WHAT THE EXERCISE ASKS :: From the data below, set down exactly the lines between the one holding "陽あたりの良いつろぎの空間、" and the one holding "カーポート/オーバードア", inclusive, and no others.

DATA LISTING ::
——————————

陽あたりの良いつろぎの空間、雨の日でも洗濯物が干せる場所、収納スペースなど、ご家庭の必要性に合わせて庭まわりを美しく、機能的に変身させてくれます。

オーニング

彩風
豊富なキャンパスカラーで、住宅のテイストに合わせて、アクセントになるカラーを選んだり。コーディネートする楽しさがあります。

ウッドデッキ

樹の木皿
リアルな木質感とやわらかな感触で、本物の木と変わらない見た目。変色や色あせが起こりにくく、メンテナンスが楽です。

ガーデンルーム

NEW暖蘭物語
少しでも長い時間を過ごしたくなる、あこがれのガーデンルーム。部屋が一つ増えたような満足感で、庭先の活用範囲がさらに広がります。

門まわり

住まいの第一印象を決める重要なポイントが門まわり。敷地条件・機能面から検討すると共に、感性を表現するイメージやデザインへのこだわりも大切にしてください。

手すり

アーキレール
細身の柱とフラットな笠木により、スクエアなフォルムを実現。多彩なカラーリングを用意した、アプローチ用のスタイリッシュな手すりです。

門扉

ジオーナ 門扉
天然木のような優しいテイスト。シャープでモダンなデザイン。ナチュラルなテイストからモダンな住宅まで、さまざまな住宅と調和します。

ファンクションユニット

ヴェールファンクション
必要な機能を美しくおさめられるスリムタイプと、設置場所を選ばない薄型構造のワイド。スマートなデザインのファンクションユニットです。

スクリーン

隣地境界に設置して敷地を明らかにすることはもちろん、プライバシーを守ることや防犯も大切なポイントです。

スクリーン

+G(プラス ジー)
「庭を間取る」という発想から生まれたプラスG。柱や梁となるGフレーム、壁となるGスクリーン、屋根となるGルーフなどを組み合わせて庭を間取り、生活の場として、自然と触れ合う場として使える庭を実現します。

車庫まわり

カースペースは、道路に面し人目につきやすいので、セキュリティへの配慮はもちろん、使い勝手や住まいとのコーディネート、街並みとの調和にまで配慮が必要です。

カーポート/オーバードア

——————————

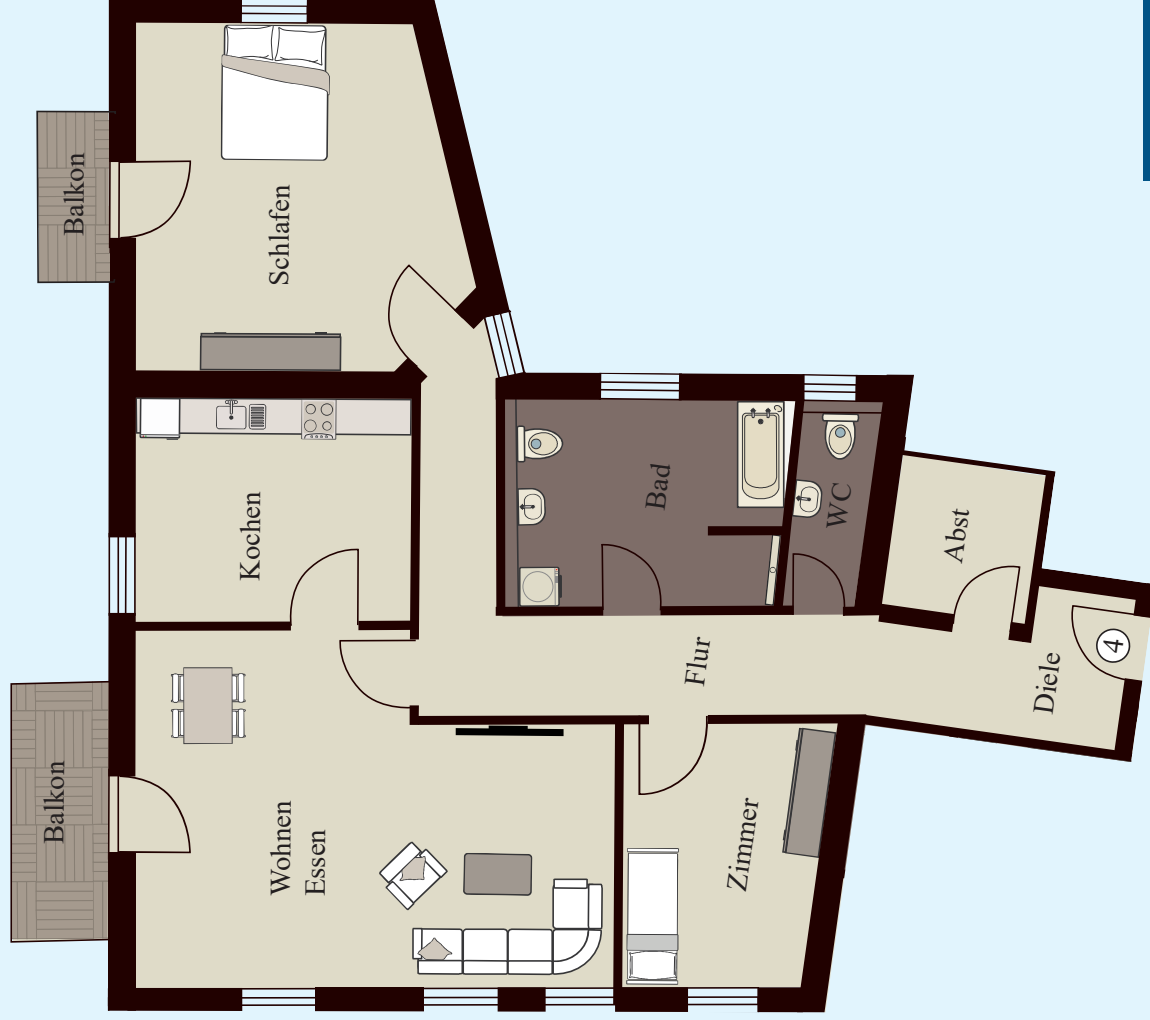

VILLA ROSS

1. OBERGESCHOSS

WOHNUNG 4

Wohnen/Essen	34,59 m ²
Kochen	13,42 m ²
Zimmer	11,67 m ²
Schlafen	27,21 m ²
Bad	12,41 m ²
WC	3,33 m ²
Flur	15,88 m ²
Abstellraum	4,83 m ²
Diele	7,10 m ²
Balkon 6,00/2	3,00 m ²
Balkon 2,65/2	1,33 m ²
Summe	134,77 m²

——————————

THE ANSWER ::
陽あたりの良いつろぎの空間、雨の日でも洗濯物が干せる場所、収納スペースなど、ご家庭の必要性に合わせて庭まわりを美しく、機能的に変身させてくれます。

オーニング

彩風
豊富なキャンパスカラーで、住宅のテイストに合わせて、アクセントになるカラーを選んだり。コーディネートする楽しさがあります。

ウッドデッキ

樹の木皿
リアルな木質感とやわらかな感触で、本物の木と変わらない見た目。変色や色あせが起こりにくく、メンテナンスが楽です。

ガーデンルーム

NEW暖蘭物語
少しでも長い時間を過ごしたくなる、あこがれのガーデンルーム。部屋が一つ増えたような満足感で、庭先の活用範囲がさらに広がります。

門まわり

住まいの第一印象を決める重要なポイントが門まわり。敷地条件・機能面から検討すると共に、感性を表現するイメージやデザインへのこだわりも大切にしてください。

手すり

アーキレール
細身の柱とフラットな笠木により、スクエアなフォルムを実現。多彩なカラーリングを用意した、アプローチ用のスタイリッシュな手すりです。

門扉

ジオーナ 門扉
天然木のような優しいテイスト。シャープでモダンなデザイン。ナチュラルなテイストからモダンな住宅まで、さまざまな住宅と調和します。

ファンクションユニット

ヴェールファンクション
必要な機能を美しくおさめられるスリムタイプと、設置場所を選ばない薄型構造のワイド。スマートなデザインのファンクションユニットです。

スクリーン

隣地境界に設置して敷地を明らかにすることはもちろん、プライバシーを守ることや防犯も大切なポイントです。

スクリーン

+G(プラス ジー)
「庭を間取る」という発想から生まれたプラスG。柱や梁となるGフレーム、壁となるGスクリーン、屋根となるGルーフなどを組み合わせて庭を間取り、生活の場として、自然と触れ合う場として使える庭を実現します。

車庫まわり

カースペースは、道路に面し人目につきやすいので、セキュリティへの配慮はもちろん、使い勝手や住まいとのコーディネート、街並みとの調和にまで配慮が必要です。

カーポート/オーバードア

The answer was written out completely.